## Problem to solve
Retype, exactly as they appear below, the lines between the line holding "5 m / 2,5 m" and the line holding "Consolation Balustres", both ends included.

## Input records
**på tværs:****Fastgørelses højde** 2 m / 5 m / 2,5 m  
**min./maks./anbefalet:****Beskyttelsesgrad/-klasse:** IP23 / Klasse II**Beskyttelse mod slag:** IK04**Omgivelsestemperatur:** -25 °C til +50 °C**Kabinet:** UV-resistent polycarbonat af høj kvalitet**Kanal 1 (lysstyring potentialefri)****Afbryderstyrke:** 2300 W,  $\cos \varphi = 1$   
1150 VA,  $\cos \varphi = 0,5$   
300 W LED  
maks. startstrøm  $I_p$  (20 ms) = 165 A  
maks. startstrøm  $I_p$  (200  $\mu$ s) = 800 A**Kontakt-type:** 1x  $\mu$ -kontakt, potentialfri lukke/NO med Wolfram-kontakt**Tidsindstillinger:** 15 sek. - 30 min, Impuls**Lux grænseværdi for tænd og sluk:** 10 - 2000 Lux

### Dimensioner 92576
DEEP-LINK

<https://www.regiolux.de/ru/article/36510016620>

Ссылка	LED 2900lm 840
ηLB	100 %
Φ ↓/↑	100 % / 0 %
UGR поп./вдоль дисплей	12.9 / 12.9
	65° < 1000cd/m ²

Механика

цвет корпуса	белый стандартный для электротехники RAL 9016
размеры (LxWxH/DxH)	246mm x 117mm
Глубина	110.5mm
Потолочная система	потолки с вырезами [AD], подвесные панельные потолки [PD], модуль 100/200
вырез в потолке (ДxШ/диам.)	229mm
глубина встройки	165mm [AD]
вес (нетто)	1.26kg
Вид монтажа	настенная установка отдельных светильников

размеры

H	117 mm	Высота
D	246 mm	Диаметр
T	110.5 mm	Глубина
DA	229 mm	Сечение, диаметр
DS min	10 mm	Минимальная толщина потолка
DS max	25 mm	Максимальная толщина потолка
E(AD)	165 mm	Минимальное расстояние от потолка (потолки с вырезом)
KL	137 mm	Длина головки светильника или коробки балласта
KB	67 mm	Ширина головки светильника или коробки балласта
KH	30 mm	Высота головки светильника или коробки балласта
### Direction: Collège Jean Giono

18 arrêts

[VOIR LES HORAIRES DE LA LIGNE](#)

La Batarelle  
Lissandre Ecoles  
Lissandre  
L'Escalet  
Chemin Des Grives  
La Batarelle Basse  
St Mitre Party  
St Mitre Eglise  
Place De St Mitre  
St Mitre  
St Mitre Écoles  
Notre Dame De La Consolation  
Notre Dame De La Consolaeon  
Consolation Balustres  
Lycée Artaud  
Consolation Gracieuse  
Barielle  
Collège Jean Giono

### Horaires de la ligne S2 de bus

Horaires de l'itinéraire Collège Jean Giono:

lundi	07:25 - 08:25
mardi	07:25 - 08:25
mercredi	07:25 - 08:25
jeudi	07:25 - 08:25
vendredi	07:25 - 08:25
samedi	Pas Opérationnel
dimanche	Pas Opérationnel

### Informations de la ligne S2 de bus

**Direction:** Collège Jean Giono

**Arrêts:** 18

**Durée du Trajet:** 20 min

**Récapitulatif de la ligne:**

* * *

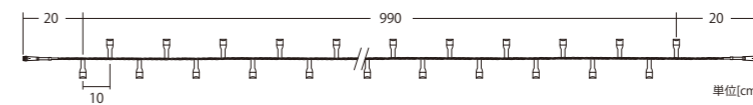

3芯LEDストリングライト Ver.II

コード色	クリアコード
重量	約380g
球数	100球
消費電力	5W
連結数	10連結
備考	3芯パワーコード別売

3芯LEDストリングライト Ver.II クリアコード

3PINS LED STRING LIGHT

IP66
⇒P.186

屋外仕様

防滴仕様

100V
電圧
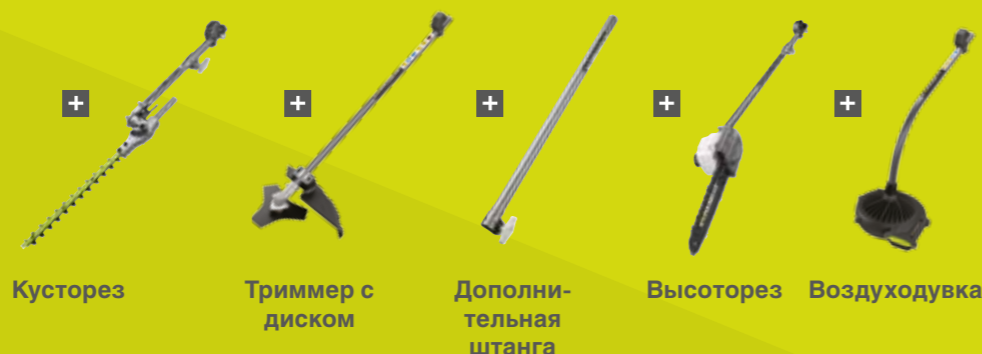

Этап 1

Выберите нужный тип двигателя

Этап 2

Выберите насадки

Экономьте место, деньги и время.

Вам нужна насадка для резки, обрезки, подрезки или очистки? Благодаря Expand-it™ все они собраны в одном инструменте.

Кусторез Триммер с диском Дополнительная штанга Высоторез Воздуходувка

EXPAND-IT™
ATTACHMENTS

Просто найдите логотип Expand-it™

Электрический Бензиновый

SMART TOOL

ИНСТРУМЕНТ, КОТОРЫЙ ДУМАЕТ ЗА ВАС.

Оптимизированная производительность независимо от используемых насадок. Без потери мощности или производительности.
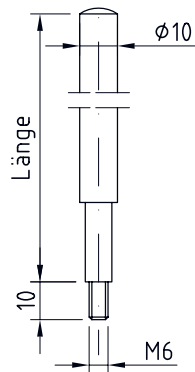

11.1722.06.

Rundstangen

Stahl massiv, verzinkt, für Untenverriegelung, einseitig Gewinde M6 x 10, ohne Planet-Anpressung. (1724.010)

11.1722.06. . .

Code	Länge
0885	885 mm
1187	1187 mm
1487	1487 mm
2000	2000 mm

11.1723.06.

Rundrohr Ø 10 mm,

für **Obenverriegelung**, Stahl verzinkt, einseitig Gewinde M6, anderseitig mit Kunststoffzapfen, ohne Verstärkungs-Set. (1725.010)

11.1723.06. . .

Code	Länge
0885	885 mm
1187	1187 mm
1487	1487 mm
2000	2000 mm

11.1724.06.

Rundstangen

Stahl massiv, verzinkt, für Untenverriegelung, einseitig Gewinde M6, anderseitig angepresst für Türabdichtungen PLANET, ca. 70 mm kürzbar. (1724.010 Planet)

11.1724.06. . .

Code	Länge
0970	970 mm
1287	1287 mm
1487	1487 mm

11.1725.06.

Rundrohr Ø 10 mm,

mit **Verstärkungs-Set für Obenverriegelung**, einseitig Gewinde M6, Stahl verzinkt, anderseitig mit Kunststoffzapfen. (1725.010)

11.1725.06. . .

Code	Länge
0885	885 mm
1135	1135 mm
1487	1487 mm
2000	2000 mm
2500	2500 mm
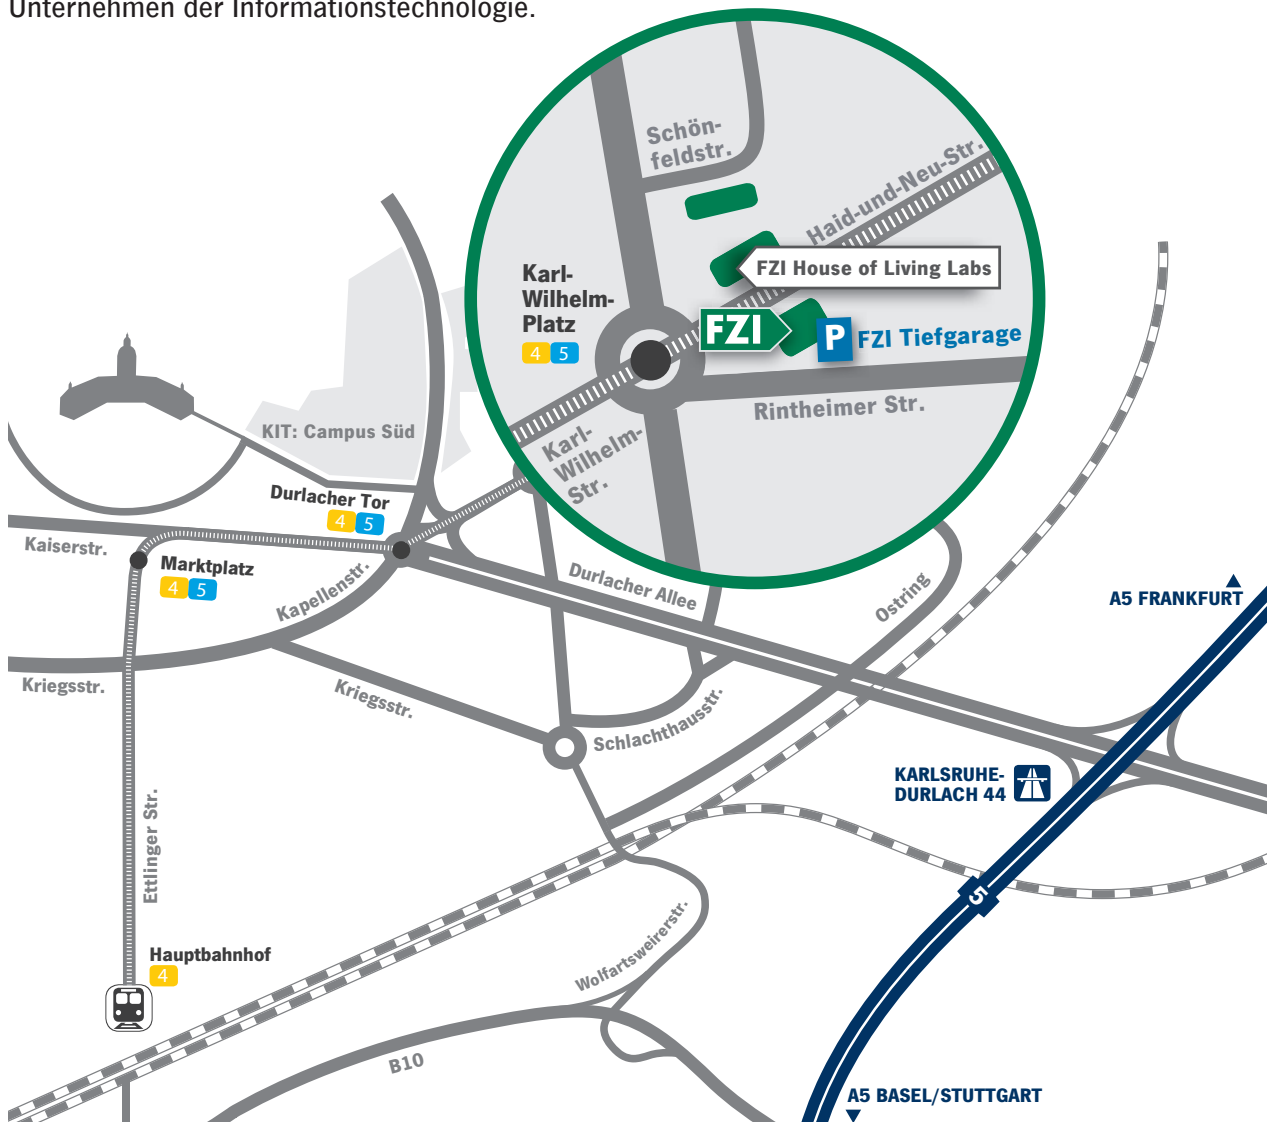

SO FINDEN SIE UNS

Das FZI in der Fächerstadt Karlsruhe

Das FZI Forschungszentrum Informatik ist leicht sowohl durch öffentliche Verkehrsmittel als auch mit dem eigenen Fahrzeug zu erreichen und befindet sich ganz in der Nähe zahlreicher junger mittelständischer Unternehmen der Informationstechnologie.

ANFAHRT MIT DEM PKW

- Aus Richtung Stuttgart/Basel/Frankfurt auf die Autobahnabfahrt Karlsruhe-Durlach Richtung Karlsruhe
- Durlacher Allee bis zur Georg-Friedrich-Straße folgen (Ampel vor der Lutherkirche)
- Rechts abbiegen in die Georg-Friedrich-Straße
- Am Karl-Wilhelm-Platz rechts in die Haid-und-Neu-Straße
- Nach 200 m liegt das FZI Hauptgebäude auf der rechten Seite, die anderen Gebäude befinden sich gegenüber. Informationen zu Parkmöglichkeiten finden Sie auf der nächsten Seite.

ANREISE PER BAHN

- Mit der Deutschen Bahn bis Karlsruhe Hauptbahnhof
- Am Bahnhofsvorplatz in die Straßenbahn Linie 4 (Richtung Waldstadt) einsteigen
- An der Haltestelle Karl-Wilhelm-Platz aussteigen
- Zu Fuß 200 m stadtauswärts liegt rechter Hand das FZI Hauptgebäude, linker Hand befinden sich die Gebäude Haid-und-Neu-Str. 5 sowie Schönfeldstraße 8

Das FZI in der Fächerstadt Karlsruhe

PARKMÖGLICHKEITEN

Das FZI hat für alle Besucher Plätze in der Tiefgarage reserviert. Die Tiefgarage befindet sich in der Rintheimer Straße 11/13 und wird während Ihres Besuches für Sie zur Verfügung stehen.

--

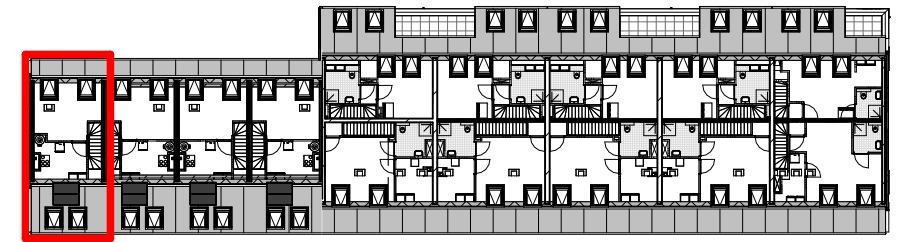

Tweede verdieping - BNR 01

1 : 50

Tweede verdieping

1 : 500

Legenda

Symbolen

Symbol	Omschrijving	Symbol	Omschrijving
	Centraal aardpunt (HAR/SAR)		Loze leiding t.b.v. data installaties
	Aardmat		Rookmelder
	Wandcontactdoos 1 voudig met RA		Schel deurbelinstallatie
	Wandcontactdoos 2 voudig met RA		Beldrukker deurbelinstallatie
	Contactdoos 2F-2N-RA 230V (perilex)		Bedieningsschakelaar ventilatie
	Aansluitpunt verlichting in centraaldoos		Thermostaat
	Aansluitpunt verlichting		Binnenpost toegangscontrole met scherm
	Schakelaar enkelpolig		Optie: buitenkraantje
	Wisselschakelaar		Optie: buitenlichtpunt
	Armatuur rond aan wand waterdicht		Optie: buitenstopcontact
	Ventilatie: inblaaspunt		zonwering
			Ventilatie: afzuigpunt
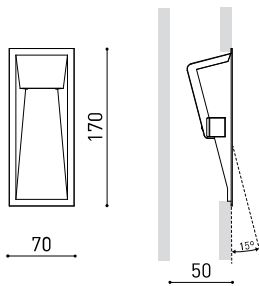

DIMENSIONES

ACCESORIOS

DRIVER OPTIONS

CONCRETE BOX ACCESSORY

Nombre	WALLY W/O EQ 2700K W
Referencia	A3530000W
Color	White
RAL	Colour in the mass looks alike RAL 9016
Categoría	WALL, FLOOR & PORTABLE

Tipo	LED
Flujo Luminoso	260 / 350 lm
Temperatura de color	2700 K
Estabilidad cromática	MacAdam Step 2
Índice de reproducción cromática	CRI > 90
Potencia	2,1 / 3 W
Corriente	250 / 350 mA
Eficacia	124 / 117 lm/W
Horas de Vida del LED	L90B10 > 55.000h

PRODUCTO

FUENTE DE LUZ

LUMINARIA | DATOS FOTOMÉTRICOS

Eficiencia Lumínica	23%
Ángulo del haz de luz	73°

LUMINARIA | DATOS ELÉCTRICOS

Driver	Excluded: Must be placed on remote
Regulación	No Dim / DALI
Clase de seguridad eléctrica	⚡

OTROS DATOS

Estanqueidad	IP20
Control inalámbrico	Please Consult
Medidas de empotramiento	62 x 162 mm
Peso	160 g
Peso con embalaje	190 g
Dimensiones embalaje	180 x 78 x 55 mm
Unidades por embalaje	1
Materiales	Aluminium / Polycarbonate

## Response
**på tværs:****Fastgørelses højde** 2 m / 5 m / 2,5 m  
**min./maks./anbefalet:****Beskyttelsesgrad/-klasse:** IP23 / Klasse II**Beskyttelse mod slag:** IK04**Omgivelsestemperatur:** -25 °C til +50 °C**Kabinet:** UV-resistent polycarbonat af høj kvalitet**Kanal 1 (lysstyring potentialefri)****Afbryderstyrke:** 2300 W,  $\cos \varphi = 1$   
1150 VA,  $\cos \varphi = 0,5$   
300 W LED  
maks. startstrøm  $I_p$  (20 ms) = 165 A  
maks. startstrøm  $I_p$  (200  $\mu$ s) = 800 A**Kontakt-type:** 1x  $\mu$ -kontakt, potentialfri lukke/NO med Wolfram-kontakt**Tidsindstillinger:** 15 sek. - 30 min, Impuls**Lux grænseværdi for tænd og sluk:** 10 - 2000 Lux

### Dimensioner 92576
DEEP-LINK

<https://www.regiolux.de/ru/article/36510016620>

Ссылка	LED 2900lm 840
ηLB	100 %
Φ ↓/↑	100 % / 0 %
UGR поп./вдоль дисплей	12.9 / 12.9
	65° < 1000cd/m ²

Механика

цвет корпуса	белый стандартный для электротехники RAL 9016
размеры (LxWxH/DxH)	246mm x 117mm
Глубина	110.5mm
Потолочная система	потолки с вырезами [AD], подвесные панельные потолки [PD], модуль 100/200
вырез в потолке (ДxШ/диам.)	229mm
глубина встройки	165mm [AD]
вес (нетто)	1.26kg
Вид монтажа	настенная установка отдельных светильников

размеры

H	117 mm	Высота
D	246 mm	Диаметр
T	110.5 mm	Глубина
DA	229 mm	Сечение, диаметр
DS min	10 mm	Минимальная толщина потолка
DS max	25 mm	Максимальная толщина потолка
E(AD)	165 mm	Минимальное расстояние от потолка (потолки с вырезом)
KL	137 mm	Длина головки светильника или коробки балласта
KB	67 mm	Ширина головки светильника или коробки балласта
KH	30 mm	Высота головки светильника или коробки балласта
### Direction: Collège Jean Giono

18 arrêts

[VOIR LES HORAIRES DE LA LIGNE](#)

La Batarelle  
Lissandre Ecoles  
Lissandre  
L'Escalet  
Chemin Des Grives  
La Batarelle Basse  
St Mitre Party  
St Mitre Eglise  
Place De St Mitre  
St Mitre  
St Mitre Écoles  
Notre Dame De La Consolation  
Notre Dame De La Consolaeon  
Consolation Balustres  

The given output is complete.